Don’t laugh. Believe me, if you’d watched two older, boy-crazy sisters totally bungle their love lives, you’d have a plan, too. If your mom divorced your dad then married him again, then left him again, and then married your sister’s guitar instructor, you’d be extra careful about commitments. If your eighteen-year-old sister, only three years older than you, was pregnant with your oldest sister’s ex-boyfriend’s baby, you’d be saving it for Mr. Right. And you’d know that Mr. Right had not already dated one of your sisters.
That’s why Rule #1 is Find Someone New. But at Union High, it is impossible to Find Someone New. We have all been together since our moms gave birth to us at the Cottonwood Medical Center. Because back then, there was only one hospital in Cottonwood, Arizona, like there was only one elementary school, one middle school, one movie theater . . . you get the picture.
By ninth grade, everyone had already dated everyone else— or if they hadn’t, there was a real good reason. Like Carolyn Schmitz’s weird, drooly laugh or Lucas Fielding’s lazy eye. Or like me, who was Not Into Boys after seeing exactly what giving birth looks like, thanks to my oldest sister’s insistence that we all be present for the “miracle” of her daughter Hannah’s delivery.
My sisters also went to Union High, but although they’re both past their eighteenth birthdays now, they did not go to any of the best colleges. Or any college, for that matter. Shelby, the oldest at twenty-one and Hannah’s mom, got married the week after graduation and divorced by that Christmas. Super-pregnant Kaitlyn is a senior, again. Me, I’m cruising into sophomore year with my academic butt covered and my One True Love Plan waiting to be deployed.

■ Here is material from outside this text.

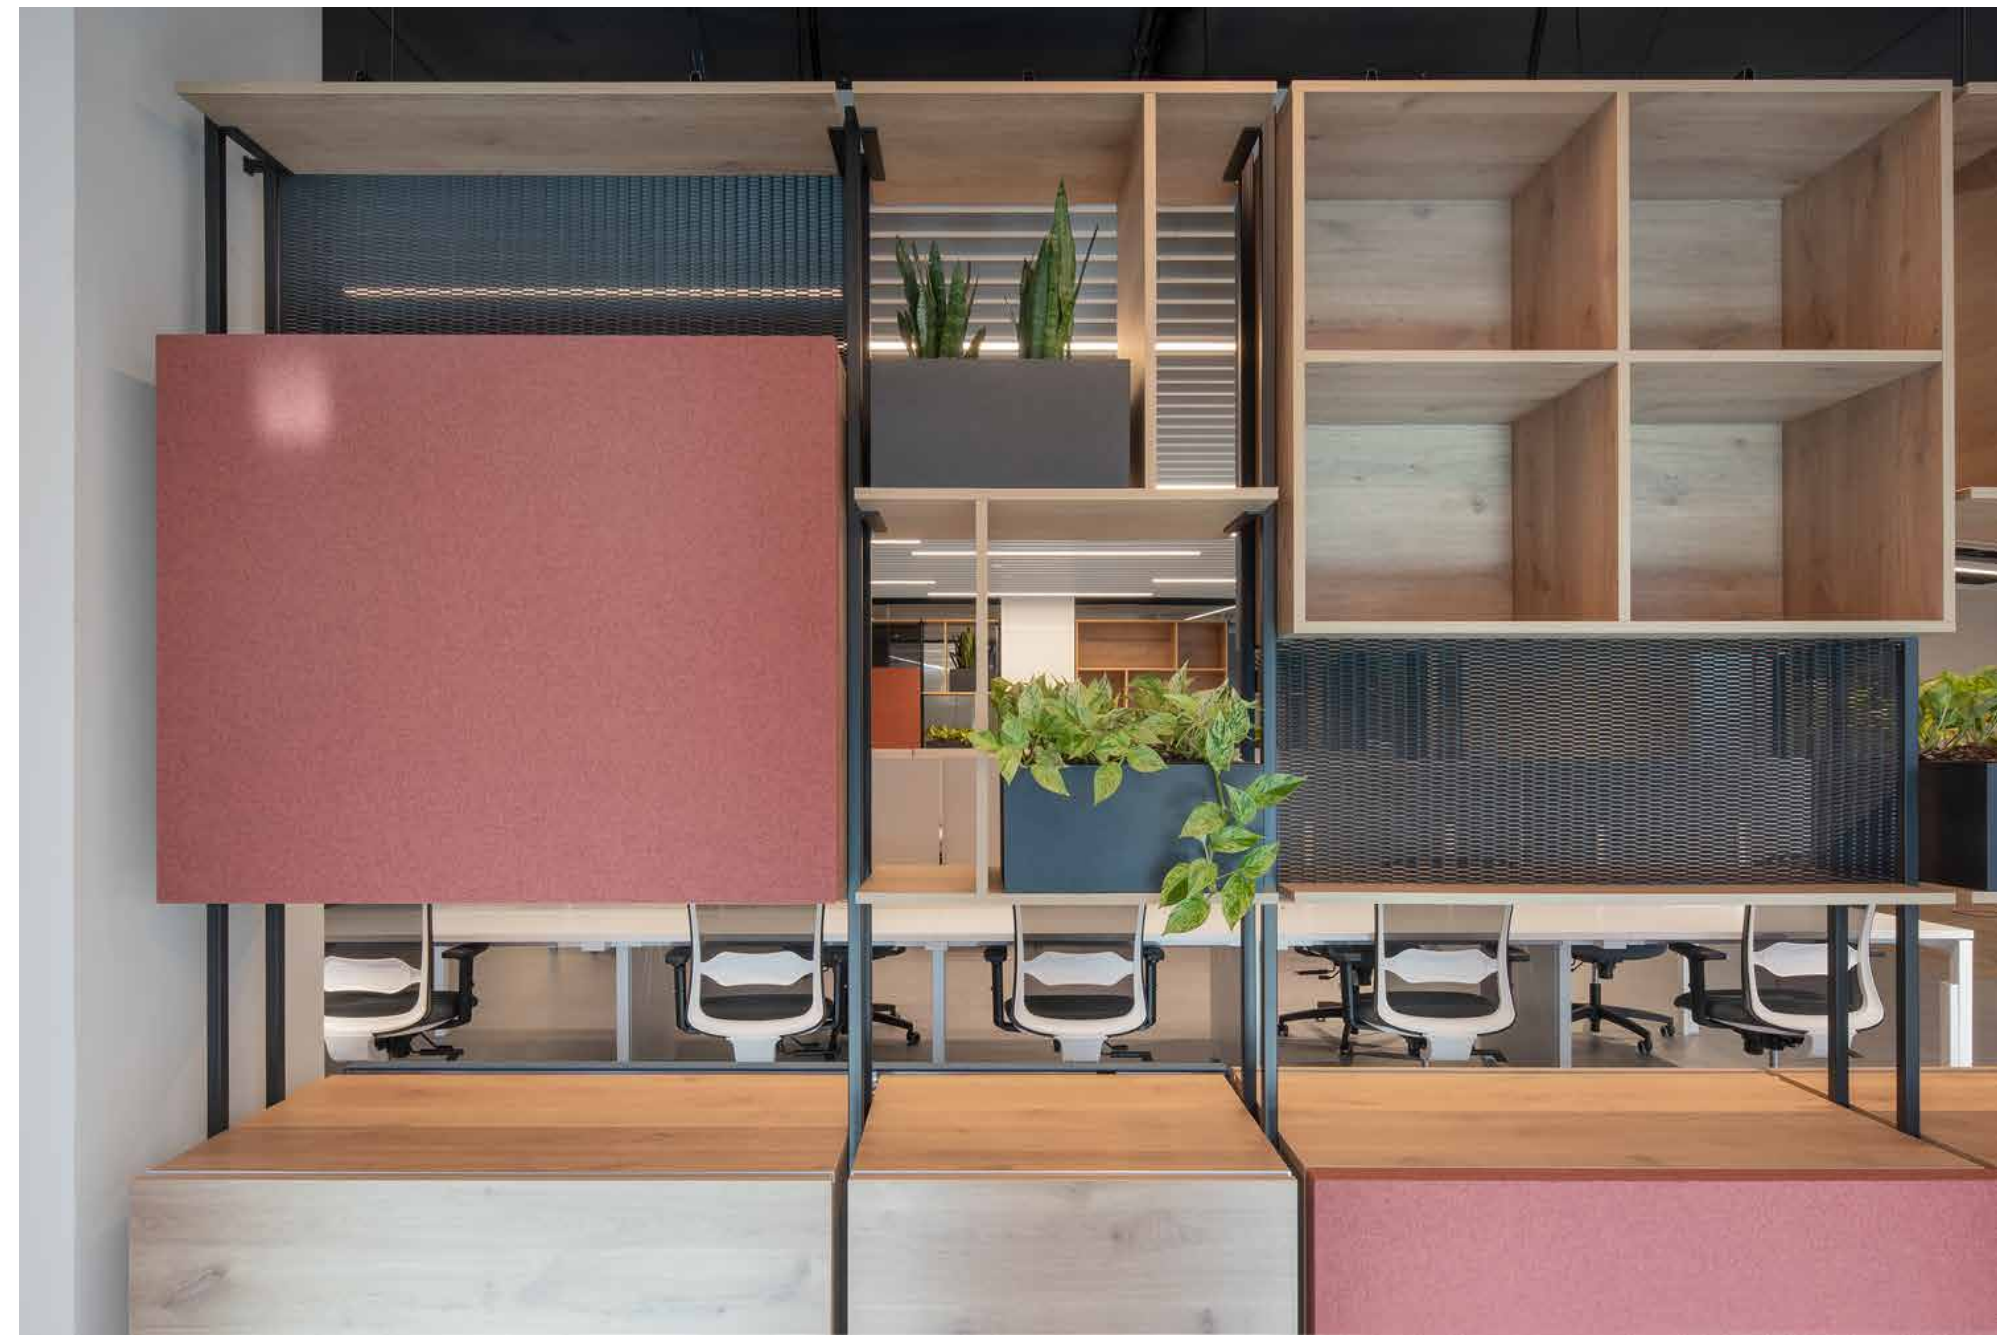

_GLI SPAZI

Area coworking

That’s a lot of people in not a lot of living space. Mom keeps saying we’re moving to one of those big mansions in Scottsdale, but I’m not too worried about being forced to relocate.
Although her new hubby is supposed to help with expenses, she still can barely pay the mortgage on our fake adobe five-girl, one-guy, one-bathroom house.
“Abby, phone!” Kait yells, even though she is in the same room, our room, and can see perfectly well that I’m right here. Eight months of pregnancy have not improved her personality, but she must be in a good mood because usually she hangs up on whoever asks for me.
I dog-ear the page I’m reading in Soap Digest and lunge for the phone which is, as always, on Kait’s side of the room. Kait’s idea of decorating is to bring home old movie posters from Blockbuster, where she works, which wouldn’t be so bad if she had decent taste in movies. But no, she’s got a thing for romantic comedies, especially old ones, so our room is an homage to Meg Ryan and Drew Barrymore. Hello, You’ve Got Mail and Home Fries. Kindly stay on your side of the room.
I grab the phone from Kait and flop back on my twin bed. The metal frame screeches in protest.
“Abigail Elizabeth Savage, we still on for our back-to-school shopping extravaganza tomorrow?” It’s Cody Jennings, my next-door neighbor, who likes to stress the importance of something by using my full name.
Before you get your hopes up, let me tell you that this is not one of those situations where the girl goes out with the empty-headed jock only to realize that her soul mate was living next door to her all along. Cody is gay. He hasn’t told me—or anyone—yet, but I know. When you’ve been best friends with a guy your whole life, it’s pretty easy to figure out.
“Of course we’re still on. Did you think I’d forget in the less than”—I check my Little Mermaid alarm clock for the time—“two hours since we talked about it? It’s not like I have amnesia.” Amnesia is a popular disease on daytime television. Everyone gets it at least once in their lives.
“First thing in the morning, right? Because you know I like to be there when the stores open.”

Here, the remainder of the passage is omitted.